◆ **Work to complete**: Skip the pictures and repeat each line of the data exactly.

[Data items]
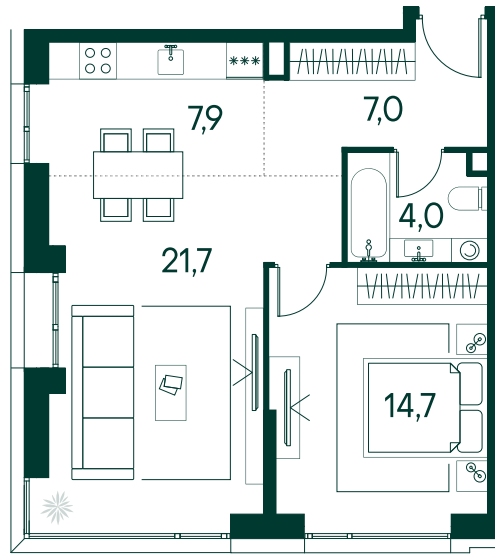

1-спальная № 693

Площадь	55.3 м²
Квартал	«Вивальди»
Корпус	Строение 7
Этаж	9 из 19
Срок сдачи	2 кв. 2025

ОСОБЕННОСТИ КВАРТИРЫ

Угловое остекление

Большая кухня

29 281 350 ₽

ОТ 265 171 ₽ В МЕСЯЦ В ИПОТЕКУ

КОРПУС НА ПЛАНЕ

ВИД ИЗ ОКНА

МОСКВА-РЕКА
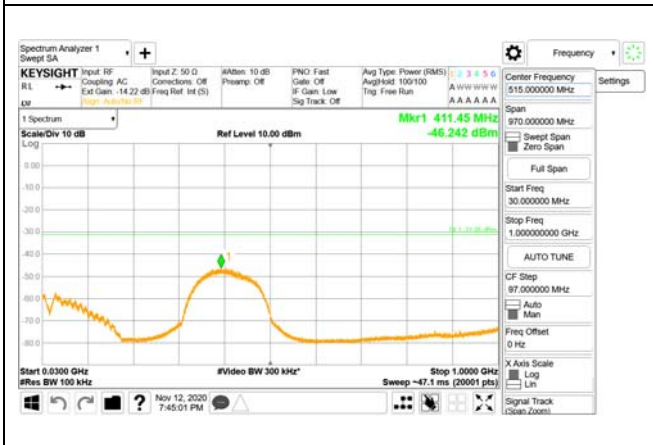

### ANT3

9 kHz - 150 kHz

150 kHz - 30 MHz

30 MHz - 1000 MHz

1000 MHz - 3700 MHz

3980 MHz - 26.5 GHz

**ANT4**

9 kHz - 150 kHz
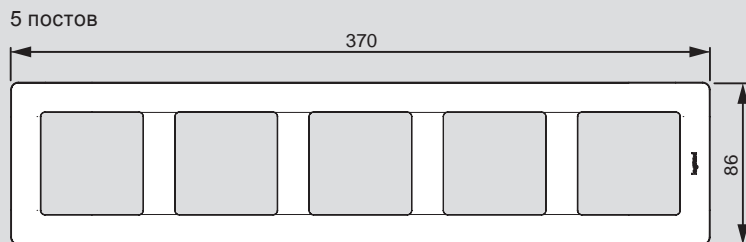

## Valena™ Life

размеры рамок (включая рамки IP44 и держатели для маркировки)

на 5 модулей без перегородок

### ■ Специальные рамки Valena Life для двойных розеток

◆ **Reply**:
1-спальная № 693

Площадь	55.3 м²
Квартал	«Вивальди»
Корпус	Строение 7
Этаж	9 из 19
Срок сдачи	2 кв. 2025

ОСОБЕННОСТИ КВАРТИРЫ

Угловое остекление

Большая кухня

29 281 350 ₽

ОТ 265 171 ₽ В МЕСЯЦ В ИПОТЕКУ

КОРПУС НА ПЛАНЕ

ВИД ИЗ ОКНА

МОСКВА-РЕКА

### ANT3

9 kHz - 150 kHz

150 kHz - 30 MHz

30 MHz - 1000 MHz

1000 MHz - 3700 MHz

3980 MHz - 26.5 GHz

**ANT4**

9 kHz - 150 kHz

## Valena™ Life

размеры рамок (включая рамки IP44 и держатели для маркировки)

на 5 модулей без перегородок

### ■ Специальные рамки Valena Life для двойных розеток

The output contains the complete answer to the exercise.